If there is one thing that troubles processor architects right now, it's working out how many cores they should stick on a die. The number of transistors they can plant on a chip doubles every two years and there's no sign of that supply running dry in the next five years.
What's the problem? Just take the processor core you have already and then step and repeat it across the die. It's worked for graphics processors.
Unfortunately, only some software parallelises so well that it will spread across many cores. Many times, the overhead of distributing the work outweighs the advantage you get from running the code in parallel. This, in effect, is the modification that Gene Amdahl made to his eponymous law of performance in computers.
In its most basic form, Amdahl's Law says it's only worth speeding up things that you do a lot. Big, nested loops are good targets. Lots of branching straight-line code? Not worth the effort. With parallel processors, if you can spread the work of loops over many of them, you see a speed-up. But there is a limit governed by how much code you need to run on just one processor.
In a paper published in this month's IEEE Computer, a pair of researchers from the University of Winsconsin-Madison - one of whom has now moved to Google - has attempted to extend Amdahl's Law to the world of multicore processors where you do not necessarily make all the processors the same size.
Up to now, most of this kind of spreadsheet-based performance estimation has concentrated on what happens if you make all of the processors the same. Last year at the Design Automation Conference in San Diego, Intel's Shekhar Borkar, looked at the trade-offs facing the company as it looks at the possibility of moving from four to eight and sixteen-core chips to designs in the next decade that could support thousands of on-chip processors.
Borkar cited Pollack's Rule, which says the performance increase of a processor is roughly proportional to the square root of the increase in its complexity. Put another way, if you double the number of transistors in a processor, the chances are that you will only get a speedup of about 40 per cent.
In this environment, having lots of fairly simple cores looks to be the favourite option. But, power becomes a big, big problem. Borkar noted that simply sticking slavishly to this plan would have a devastating impact on power consumption, because all of the energy is used to support the interconnect that feeds all the processors.
Using 100 much more complex, bigger cores would bring the power needed for the mesh down by a factor of ten to just 15W. "What we need is a really careful balance," he said. "Just because we can integrate thousands of cores, don’t get carried away and implement a thousand cores."
Tilera's Anant Agarwal defined his own version of Pollack's Rule: the Kill Rule. This says: "A resource in a core must be increased in area only if the core’s performance improvement is at least proportional to the core’s area increase."
Agarwal reckoned that dual-issue superscalar processors will become the norm as they largely satisfy his Kill rule, although there is a broad spread of those designs. A complex dual-issue architecture might need 15 million transistors, including cache. The simpler designs offered by companies such as ARM and MIPS Technologies, which rely more on the compiler’s ability to schedule instructions effectively, might be squeezed into a 5 million transistor block.

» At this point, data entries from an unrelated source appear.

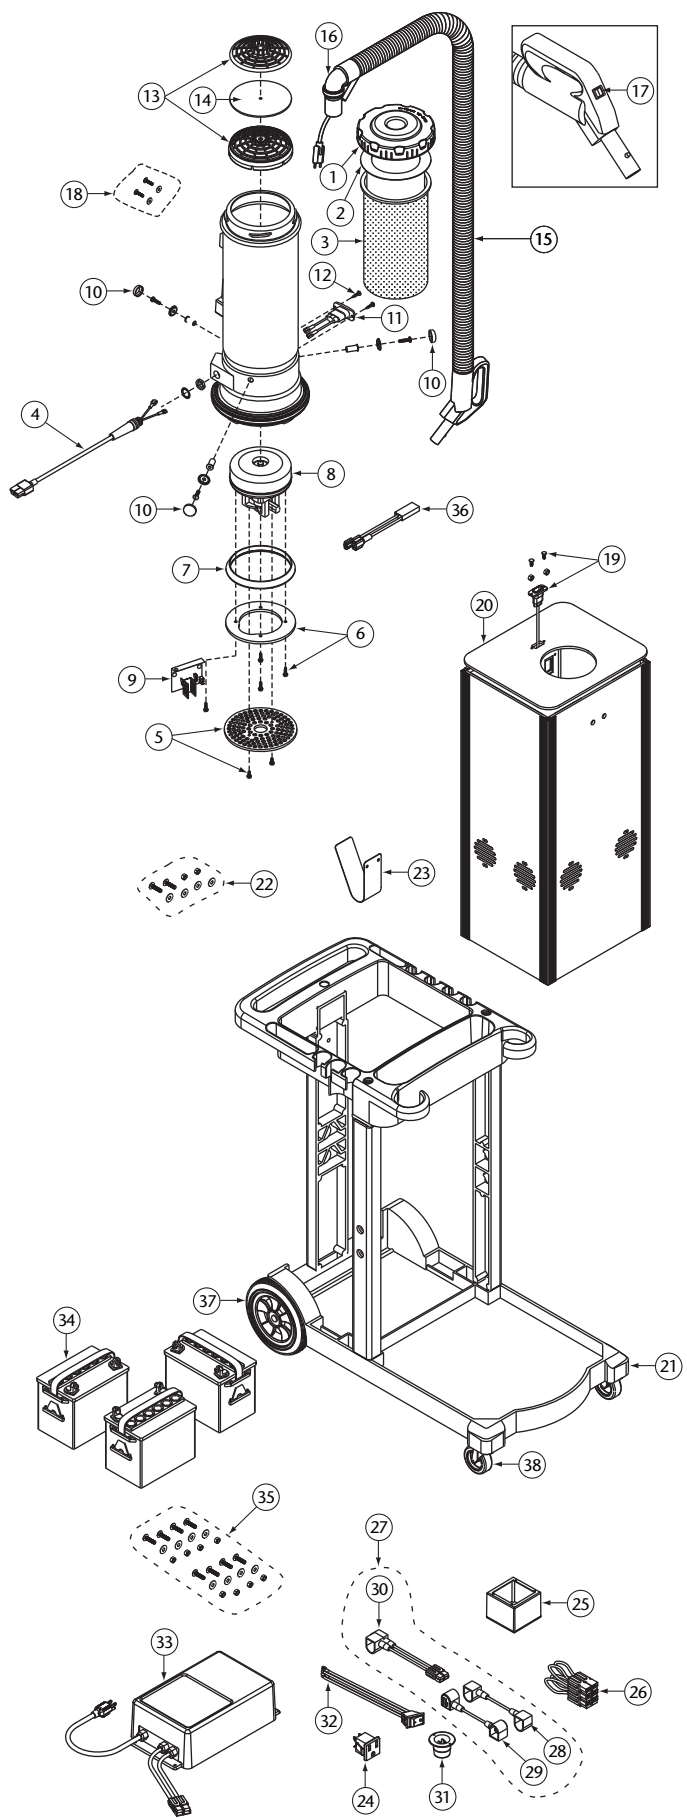

GOVAC BP PARTS

No.	Product Name	Qty	List Price
1	102715 Replacement Swivel Elbow Cuff (Black) 1 1/4"	1 ea.	\$8.99
2	104273 Twist Cap, Black	1 ea.	27.48
3	100431 496 Sq In Intercept Micro Filter	10 pk	15.29
4	100564 Micro Cloth Filter	1 ea.	23.29
5	103237 Static-Dissipating Hose (Black) w/Cuffs 1 1/4"	1 ea.	24.93
6	103279 Replacement Swivel Cuff (Black) 1 1/4"	1 ea.	6.37
7	100030 Dome Filter w/ Foam Media	1 ea.	7.50
8	100343 Foam Filter Media for Dome Filter	1 ea.	1.26
9	100586 Bottom Bumper	1 ea.	6.88
10	100014 Tetraseal	1 ea.	11.25
11	103731 Carbon Brush Set	1 set	17.74
12	106831 Motor/Fan (36VDC) w/Crimps	1 ea.	237.33
13	100335 Motor Compression Ring w/Screws	1 ea.	10.62
	100378 Compression Ring Screw Set: 4 Screws	1 set	2.81
14	105044 Motor Shroud Cover w/ Screws	1 ea.	21.41
15	105800 Sound Muffler	1 ea.	22.99
16	100368 Motor Mounting System Set: 3 well nuts, 3 screws, 3 washers, 3 caps	1 set	12.49
17	106832 Switch Cord Assembly Complete (includes: #18,19)	1 ea.	34.98
18	106066 On/Off Switch	1 ea.	6.80
19	106287 Switch Box w/ Velcro and Screws	1 ea.	16.77
20	106833 Power Cord Assembly Complete (36VDC)	1 ea.	62.73
21	101737 Carry Handle w/ Rivet and Washer Set	1 set	8.13
22	106834 Shoulder Strap Set with Sternum Strap	1 set	51.50
23	106835 Shoulder Strap Latch	1 ea.	2.58
24	106473 Waist Belt	1 ea.	81.37
25	101535 Waist Belt Keeper	1 ea.	6.25
26	101534 Waist Belt Latch	1 ea.	6.25
27	106836 Waist Belt Connection Set	1 set	37.47
28	106472 Top Pad for Backplate	1 ea.	37.60
29	106837 Backplate Assembly	1 ea.	283.25
30	106838 Backplate Connection Set: 4 Screws and Spacer Plate	1 set	13.13
31	106621 Battery Pack Assembly	1 ea.	2,599.00
32	106806 Thermistor Assy, 3 Ohm, F/GoVac	1 ea.	29.87
33	103476 Thermal Protector	1 ea.	13.70
34	106603 Charger Assembly	1 ea.	349.00
35	103627 Sternum Strap Latch and Keeper	1 set	2.00

The argument from Mark Hill and Michael Marty from the work at Winsconsin-Madison is that you can do it all. With enough transistors to play with, you can have some brainiac superpipelined, superscalar monster that gets to work on all the straight-line code and have lots of smaller, simpler processors get on with the parallelisable stuff.
They show, for a very large array, the monster-plus-servants approach shows reasonable acceleration for code that is 90 per cent or more parallelisable and certainly performs better than the situation where all cores are equal.
There is a warning here. This assumes that your only constraint is the number of transistors. It doesn't take account of interconnect overhead or power consumption. But it's a result that tends to vindicate the asymmetric design of the modern PC if you start to use the GPU for acceleration.
Where the gains could be greater is in the idea of a reconfigurable array. The idea is that you make a monster processor out of lots of little ones. The speedups on this look great. Then again, given that nobody knows how to make this kind of machine, you would hope so.
The problem is that big processors are not made out of little ones. It's more that, inside every monster processor there is a little one and a chunk of stuff that tries valiantly to keep shoving data through that processor. You can't easily turn processors into prediction and speculation units, at least not with current architectures.
Hill and Marty argue that, despite this, it is a result that is worth closer inspection. What if you could reorganise processors to act as speculation units? Or maybe come up with new architectures that can be split apart and recombined as needed? There is one architecture that looks as though it could be a contender for a separable architecture: this is the TRIPS processor out of the University of Texas. It starts out as an array of processors with an instruction-scheduling scheme that pulls them into virtual machine.
TRIPS calls for a change to software compilation. You also have the work on speculative compilers such as Codeplay's Sieve-C, which runs on regular combinations of PC processors and GPUs. This is designed to work on parallelisable code - it expands the amount of software that can be run in parallel by allowing it to make mistakes and then fixing them afterwards. This kind of strategy might be used to have all the speculation work performed in today's monster processors done in software on a bunch of simple processors.
There are no ready answers, but Hill and Marty have indicated some areas where it might be worth computer architects looking, just as long as the performance predictions aren't completely knackered the minute you invoke power consumption or interconnect overhead.